Roadkill,
Sigma make the lens at 180 degrees (but this is only true on a full sized sensor) I.E: A film/analogue SLR camera or a Canon 5D, 1Ds or Kodak full sized sensor DSLR. All other DSLR's have a multiplying crop factor with Nikon being 1.5x and Canon being 1.6x. The Canon 1D (not 1Ds) has a crop multiplying factor of 1.3. Think of these as default zoom.
You can see this clearly from the samples supplied. Notice the full frame sensor (Canon 5D and Canon 1Ds) is full circular 180 degrees.
Now shooting with these higher professional cameras that give a full circular image allows you to stitch as little as 3 images which make life easier but! You will also notice that much of the sensor is not used and you waste a lot of pixels to "black" nothing area. The offset to this is that the professional full size sensor cameras have much larger Megapixel sensor that compensates.

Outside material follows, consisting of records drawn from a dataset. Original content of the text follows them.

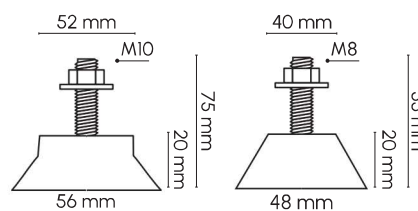

| COD.     |       | PER KIT | SHORE |       | € |
|----------|-------|---------|-------|-------|---|
| 9898-019 | 40x25 | 80 Kg   | 55    | 25 Cp |   |

Prezzo per kit (kit da 4 pz)  
Precio por kit (kit 4 pz) | Price per kit (including 4 pcs)

Prezzo per kit (kit da 4 pz)  
Precio por kit (kit 4 pz) | Price per kit (including 4 pcs)

| COD.     |       | PER KIT | SHORE |       | € |
|----------|-------|---------|-------|-------|---|
| 9898-028 | 30x20 | 50 Kg   | 65    | 25 Cp |   |
| 9898-027 | 40x40 | 100 Kg  | 65    | 25 Cp |   |

Prezzo per kit (kit da 4 pz)  
Precio por kit (kit 4 pz) | Price per kit (including 4 pcs)

| COD.     |       | PER KIT | SHORE |       | € |
|----------|-------|---------|-------|-------|---|
| 9898-025 | 48x20 | 80 Kg   | 65    | 25 Cp |   |
| 9898-022 | 56x20 | 150 Kg  | 65    | 25 Cp |   |
| 9898-018 | 56x20 | 250 Kg  | 65    | 25 Cp |   |

Really this is why using a full frame fisheye (15mm/16mm) is better suited for higher resolution shots using the Canon 5D/1Ds as you don't waste those precious pixels. Or you can adapt a Nikon/Nikkor 10.5mm Full Frame Fisheye to the professional Canon body.
I think the real answer is possible to use the new Tokina 10-17mm zoom fisheye on these cameras to get the best of both worlds.

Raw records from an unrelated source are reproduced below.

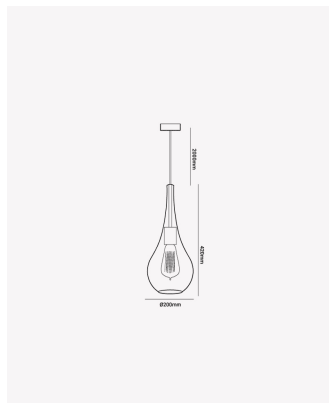

## DN 38582 | Lacrima

### Dados Gerais

Soquete:	1x E27
Grau de Proteção:	IP20
Cor:	Cobre c/ preto
Peso:	1.3kg
Dimensões:	Ø200 x 420mm
Cabo:	2m
Garantia:	1 ano
SKU:	DN 38582
Conteúdo:	1 pendente
Validade:	Indeterminado

You will get some saying you are better off with a small crop sensor and shooting more images. (That is hard to argue!) But the 5D for me is still the way to go because it can be used for so many other options and "All" SLR lenses work the way they were intended on a 35mm camera.
Also understand the Nikon FC-E8/9 are not always 185 degrees. It depends on what camera they are fitted too. On some they are less than 180 degrees and on others more than 190 degrees.
Finally, I have owned many Nikon's and many Canon's. I absolutely love my 5D but only slightly over my previous love the Canon 10D. I'm sure the 20D and 30D along with the 300D, 350D, 400D are all very good for their owners as well.
Hard to find a bad word about the Nikon DSLR range either.